Forget it just being exhibitors and consider the unions as well.
The studios and the corporations that own them think of every piece of the puzzle, human or not, as being something that should be adjusted to serve their every interest and whim. Actors, writers, and directors have a job to do, but the remuneration, unless the individual is powerful enough to demand and receive more, should, in the eyes of these companies, serve their bottom line. There are only two common denominators; ego and money. And money usually wins over ego.
What’s hard, for those of us who believe in fairness and shared responsibility, is that the corporations aren’t really wrong… they are just doing what corporations do. AMPTP couldn’t run roughshod over the talent unions, as they did in the last serious round of contracts, without the unions/guilds submitting (consciously or otherwise). The only leverage the employees really have is themselves and their work… but even with one guild striking, they couldn’t hold it together long enough to get significantly improved contracts. And now, SAG is already a shadow of its former self.
Exhibitors have long seemed to have an inferiority complex, like Canadians often have about America. Inferiority is not an objective truth. These are symbiotic relationships. But roles are quickly set and the distributors’ superiority complex is profound, almost made worse by the awareness that they really do need the theater owners. That’s a step less control than is optimal. This makes ideas like shortened theatrical windows more attractive, even if they don’t make financial sense… because ego makes them think that more control will eventually lead to more money. How many times has that been wrong? (We can start the conversation with the DVD Bubble and the failure to manage it.)
The exhibitors get fawned over in public by the distributors and then, after the doors close, they are treated as though they were just another obstacle to overcome. The movie theater industry in America was really rebuilt in the late 90s, by way of a load of bankruptcies, and allowed for a reconsideration of how films could be distributed. Without that partnership with the exhibitors, we wouldn’t have the massive openings we now have, which in turn, have led to the studios thinking that they can short the theatrical runs and get to the post-theatrical in 6 weeks or less, where the split is more lucrative to them.
But I can’t say that the studios/distributors are The Bad Guys. There is no morality to business, good or bad. There are some people with strong moral ideas and some of them are even enormously successful business people. But the standard for decision making, beyond those exceptions, is not a secret. Maximize in any way that doesn’t, ultimately, minimize due to the force of the maximizing action. Morality is a math problem.

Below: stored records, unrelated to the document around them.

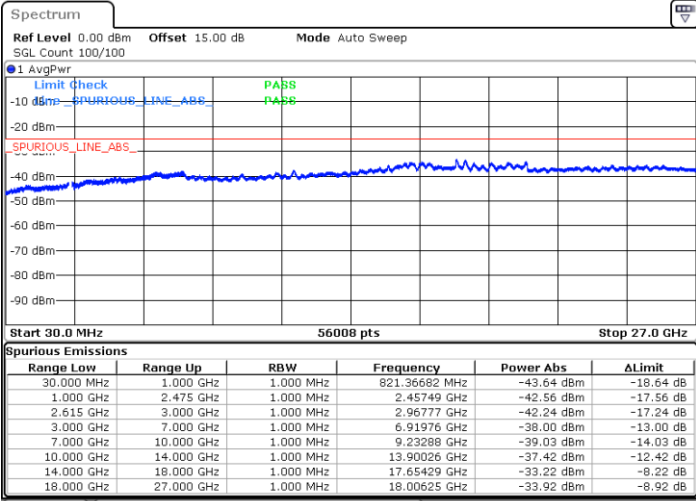

Lowest Channel / 1RB49 and 1RB0

Date: 28.OCT.2021 19:03:34

Date: 28.OCT.2021 18:57:23

Lowest Channel / FullIRB

N/A

Date: 28.OCT.2021 19:04:49

LTE Band 7C / 10MHz+20MHz

64QAM

MiddleChannel / 1RB0 and 1RB99

Middle Channel / 1RB49 and 1RB0

Date: 31.OCT.2021 14:23:26

Date: 31.OCT.2021 14:34:20

Middle Channel / FullIRB

N/A

Date: 31.OCT.2021 14:21:45

LTE Band 7C / 10MHz+20MHz

64QAM

Highest Channel / 1RB0 and 1RB99

Highest Channel / 1RB49 and 1RB0

Date: 28.OCT.2021 19:58:16

Date: 28.OCT.2021 19:57:09

Highest Channel / FullIRB

N/A

Date: 28.OCT.2021 20:03:53

LTE Band 7C / 15MHz+10MHz

64QAM

Lowest Channel / 1RB0 and 1RB49

Lowest Channel / 1RB74 and 1RB0

Date: 31.OCT.2021 13:06:43

Date: 31.OCT.2021 12:59:48

Lowest Channel / FullIRB

N/A
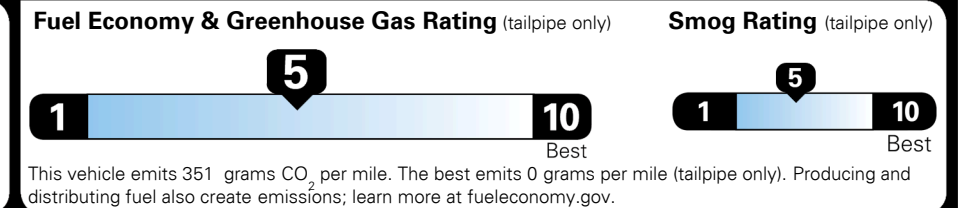

You spend $250 more in fuel costs over 5 years
compared to the average new vehicle.

Annual fuel cost $1,550

Actual results will vary for many reasons, including driving conditions and how you drive and maintain your vehicle. The average new vehicle gets 27 MPG and costs $7,500 to fuel over 5 years. Cost estimates are based on 15,000 miles per year at $ 2.70 per gallon. MPGe is miles per gasoline gallon equivalent. Vehicle emissions are a significant cause of climate change and smog.

fueleconomy.gov

Calculate personalized estimates and compare vehicles

GOVERNMENT 5-STAR SAFETY RATINGS

Overall Vehicle Score ★★★★★

Based on the combined rating of frontal, side and rollover. Should ONLY be compared to other vehicles of similar size and weight.

Frontal Driver ★★★★★

Crash Passenger ★★★★★

Based on the risk of injury in a frontal impact. Should ONLY be compared to other vehicles of similar size and weight.

Side Front seat ★★★★★

Crash Rear seat ★★★★★

Star ratings based on the risk of injury in a side impact.

Rollover ★★★★★

Star ratings based on the risk of rollover in a single-vehicle crash.

Star ratings range from 1 to 5 stars (★★★★★) with 5 being the highest.

Source: National Highway Traffic Safety Administration (NHTSA).

www.safercar.gov or 1-888-327-4236

Manufacturer's suggested retail price includes Manufacturer's recommended pre-delivery service. License and title fees, state and local taxes and other dealer installed options and accessories are not included in the manufacturer's suggested retail price.

PARTS CONTENT INFORMATION

FOR VEHICLES IN THIS CAR LINE U.S./CANADIAN PARTS CONTENT: 1 %

MAJOR SOURCES OF FOREIGN PARTS:
OTHER: 8%
KOREA: 91%

NOTE: PARTS CONTENT DOES NOT INCLUDE FINAL ASSEMBLY, DISTRIBUTION, OR OTHER NON-PARTS COSTS.

FOR THIS VEHICLE FINAL ASSEMBLY POINT: GWANGJU, KOREA

COUNTRY OF ORIGIN

ENGINE: KOREA

TRANSMISSION: KOREA

TOTAL ADDITIONAL WEIGHT: 22.7
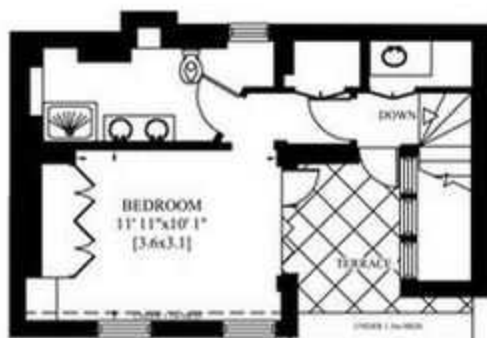

Gross Internal Area: 144 Sq. metres  
Including Under 1.5m High 1555 Sq. feet  
and Garage but Excluding Terrace

SECOND FLOOR

FIRST FLOOR

GROUND FLOOR
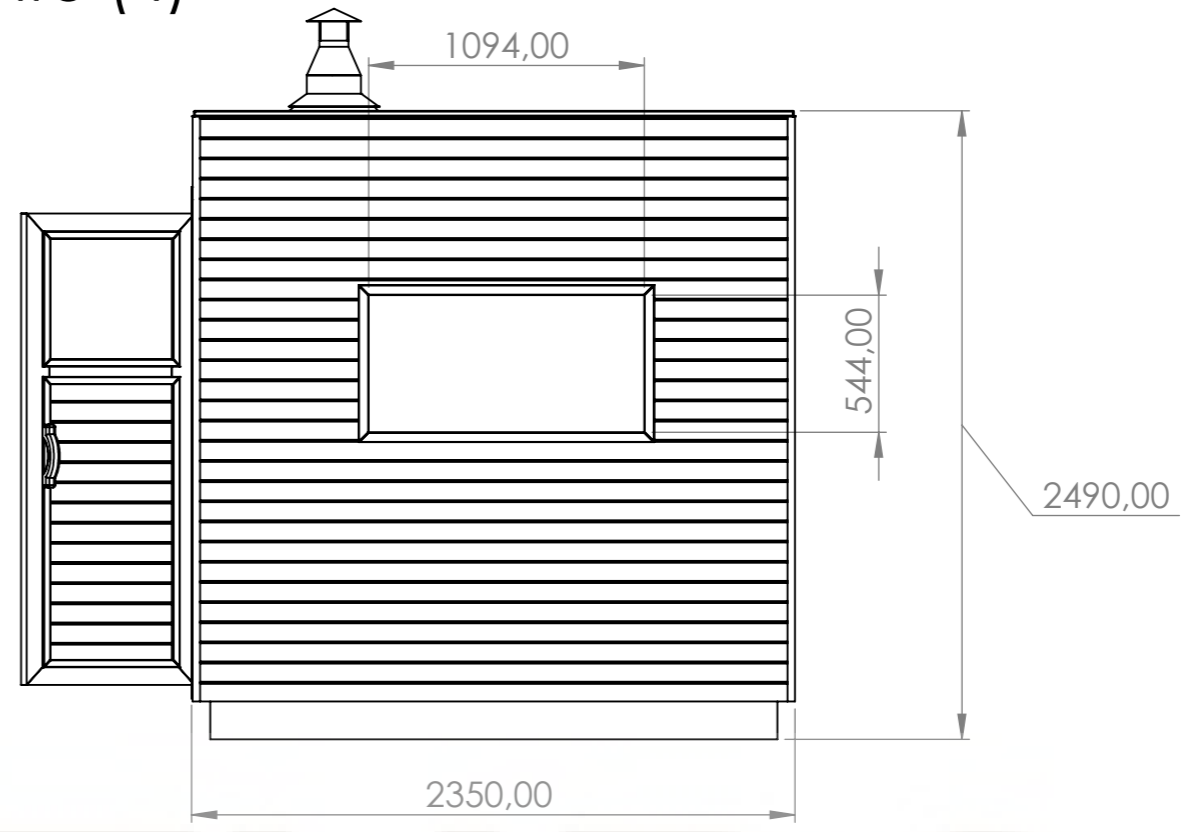

# General info

Outside length	4540 mm
Outside width	2390 mm
Sauna room length	2100 mm
Sauna room width	2100 mm
Rest room length	2100 mm
Rest room width	2100 mm
Rest room benches length	1650mm 1280mm
Rest room benches width	410 mm
Rest room table length	1200mm
Rest room table width	600 mm

## General info (2)

Rest room benches height	490 mm
Rest room table height	820 mm
Sauna benches height (1)	515 mm
Sauna benches height (2)	950 mm

### General info (3)

Inside height (1)	2110 mm
Inside height (2)	1950 mm
Benches width (1)	490 mm
Benches width (2)	490 mm

# General info (4)

Height	2490 mm
Width	2350 mm
Length	4544 mm
Wight	~2000kg
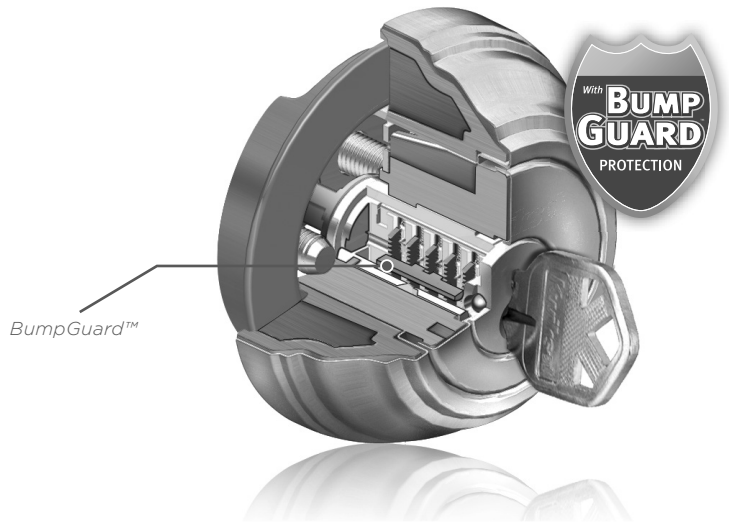

SmartKey® Signature Series™ deadbolts have earned the prestigious Best Buy rating from *Consumers Digest*.

kwikset.com/smartkey

KEY CONTROL™ DEADBOLT

The Smart Alternative to Master Keying

Re-keying & managing a traditional master key system is labor intensive, time consuming & costly. With the first & only two cylinder Key Control Deadbolt, either cylinder can be re-keyed in seconds, without removing the lock from the door.

FEATURING

*Rotate cylinder cap to expose Key Control cylinder

kwikset.com/keycontrol

THE BEST SECURITY IS SMART SECURITY.

BUMPGUARD™

SmartKey's patented side locking bar technology replaces the traditional pin-and-tumbler design and provides improved security against lock bumping.

RE-KEY IN 3 SIMPLE STEPS

1 Insert functioning key & turn 1/4 turn clockwise.

2 Insert & remove the SmartKey learn tool. Remove functioning key.

3 Insert new key & turn 1/2 turn counter-clockwise. Done. *Your lock is now re-keyed!*

The distributors are dead wrong, in my opinion, about this idea… on a business level before we even discuss the art of cinema. But are they evil? No, not really. Even though WB and Universal are both owned by parents with cable businesses and Fox is owned by a parent with an international satellite business, and Sony sees a big piece of its future as a content conduit via the internet by way of their hardware platforms… they are just trying to maximize their businesses.
This, of course, makes it all harder to respond to naked aggression. Villains make it easier to get the troops excited. Exhibitors can’t actually KNOW that shortened windows will undermine their businesses. It’s just a well-educated guess. While nothing has buried theatrical, every major innovation that makes filmed entertainment more accessible away from theaters has done incremental damage.
And ironically, while Jim Cameron and George Lucas and Jeffrey Katzenberg talk about improving the movie experience with new technology, they are unwittingly playing right into the hands of the studios that want more events and fewer movies. The theory, according to the trio, is that even conventional dramas will be improved by 3D and other improving technologies. But what I hear is the chance for those who want to turn theatrical into an event medium.
For theater owners to be able to change this equation, they will have to be willing to lose some money. Some serious money. Soon. Essentially, it is like a strike situation. Both sides have something to lose… and the repercussions will last longer than the moment.
The Distributors keeps getting to have its cake and eat it too. And as much as I hope it’s not true, I expect it to go that way on this as well. Distributors will give up some short term battles to win the war. The ball may not roll all the way down hill. But we will probably have to wait to for economic forces to change the playing field… which is usually too late.
So whose side do you take? The Good Guys who don’t stick to their guns or The Bad Guys who do? It isn’t as easy a question as it probably should be.